Thanks. It’s a little clearer now.
I found this quite useful as well - has some 3d visualisation of the black hole.
https://www.youtube.com/watch?v=l29wCKkQpMg
That's basically how a digital camera works. Say the Event Horizon is an 8 pixel sensor, which moves position every minute of every day it ends up being a maybe 64 pixel sensor, or more much much more. Either way like a digital camera sensor it measures light waves, or radio waves in the Event Horizons case and produces a ton of data, which in turn is processed through an algorithm and a visual representation of the data appears. Adding more telescope around the world and linking them to Event horizon would mean adding more pixels to the sensor, ultimately it would give you a higher resolution image.
So it's more like 'here's an illustration of what it looks like based on the light measured from it', which can be said of any digital image whether it's from a radio telescope or an iPhone.
I cant visualise how it can be the same.
My chocolate Lab is sat on the bottom of the sofa and I'm looking at her. The image I capture on my iPhone is exactly the same image my eyes see.
What they said here was they correlated the data collected from the cameras and created a visualisation of how they think it is. How can that be the same?
Radio waves compares to light waves – data “conversion” from one form into the other.
Given the vast distance involved, any optical telescope (which doesn’t exist) able to let us see it, would be showing us what it looked like millions and millions of years ago, not what it’s like presently.
Latest copy of the image in focus..........
Started out with nothing. Still have most of it left.
I actually like that analogy. To me it makes a lot of sense.
We’re still seeing it as it was many millions of years ago. Radio waves don’t travel faster than light.
In a physical sense what you're seeing and what your phone screen displays isn't the same at all. Almost every aspect is different to some degree. What you're seeing is a full size 3 dimensional pair of moving images that absorb and reflect light, made up of billions of colours and textures. Your phone screen shows a 2D representation of that image, that's back-lit in millions of colours that's a fraction of the size, based on the digital data your iPhone camera sensor picked up in the split second the shutter opened. Your brain interprets the two as similar.

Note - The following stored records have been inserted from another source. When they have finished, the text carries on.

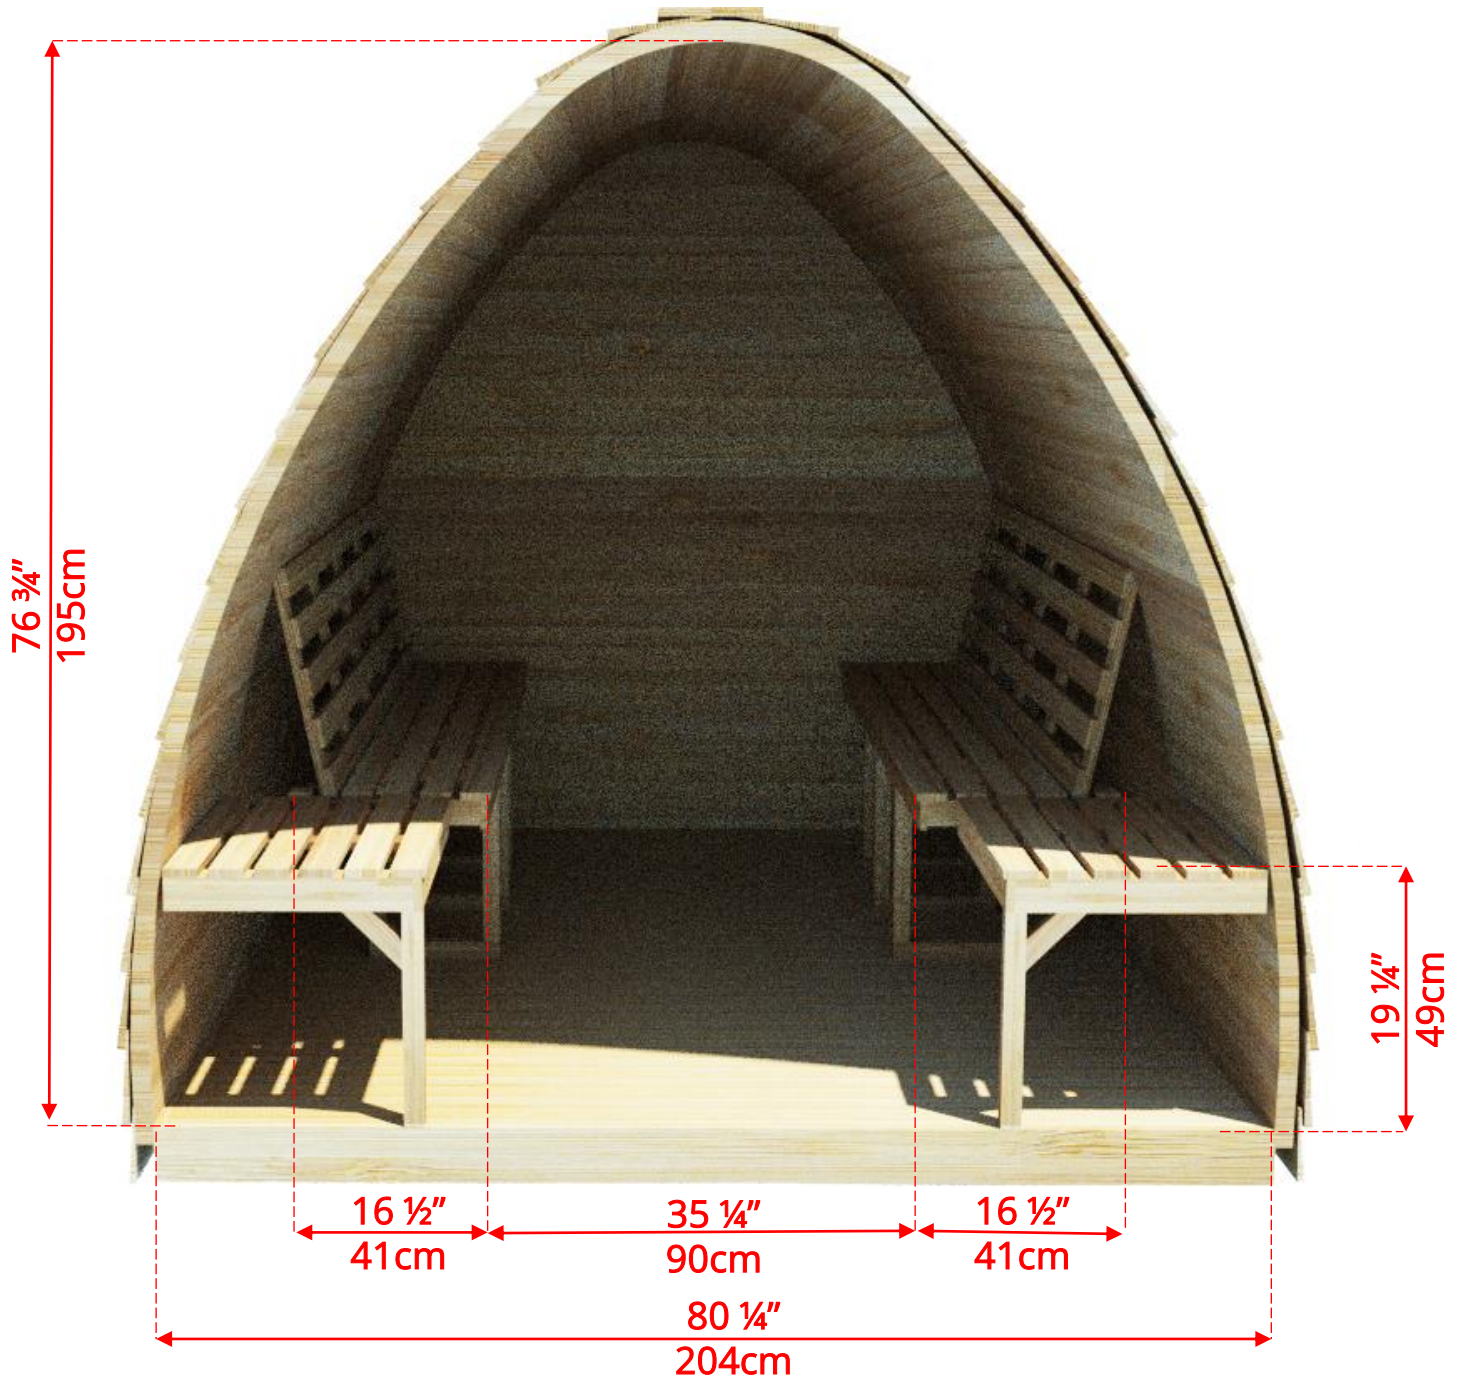

PSMINIP/PSMINIPKN

7' x 7' Western Red Cedar Mini Pod Sauna with Porch

PSMINIP/PSMINIPKN

7' x 7' Western Red Cedar Mini Pod Sauna with Porch

PSMINIP/PSMINIPKN

7' x 7' Western Red Cedar Mini Pod Sauna with Porch

Side Wall Benches

PSMINIP/PSMINIPKN

7' x 7' Western Red Cedar Mini Pod Sauna with Porch

Side Wall Benches

PSMINIP/PSMINIPKN

7' x 7' Western Red Cedar Mini Pod Sauna with Porch

L Bench on Back & 1 Side Wall

PSMINIP/PSMINIPKN

7' x 7' Western Red Cedar Mini Pod Sauna with Porch

L Bench on Back & 1 Side Wall

PSMINIP/PSMINIPKN

7' x 7' Western Red Cedar Mini Pod Sauna with Porch

Wood Burning Heater
Only available with Side Wall Bench Option

PSMINIP/PSMINIPKN

7' x 7' Western Red Cedar Mini Pod Sauna with Porch

Pod Shaped Window in Back Wall

59 ½" (151cm) x 42" (107cm)
Available with L Bench or Side wall bench layout
*** Only available with Electric Heater**

You could have a 8 different digital cameras pointed at your Chocolate Lab and none of the images will be exactly the same, as each lens, sensor and processor will interpret that data slightly differently, but it'll still be a picture of a chocolate lab. And that's the same with the Event Horizon, they could have 8 different radio telescopes, in 8 different locations across the planet and the image will be slightly different, yet still reading the same data it would interpret the result and you'd get a slightly different yet very similar image.
Einstein decried the existence of black holes, so he was right even if he didn’t want to be.
Amazing image though.
Took this photo of Bigfoot on the way to work this morning, well actually not the real Bigfoot but I reckon this is what he'd look like
BigfOOK maybeTook this photo of Bigfoot on the way to work this morning, well actually not the real Bigfoot but I reckon this is what he'd look like
'Against stupidity, the gods themselves struggle in vain' - Schiller.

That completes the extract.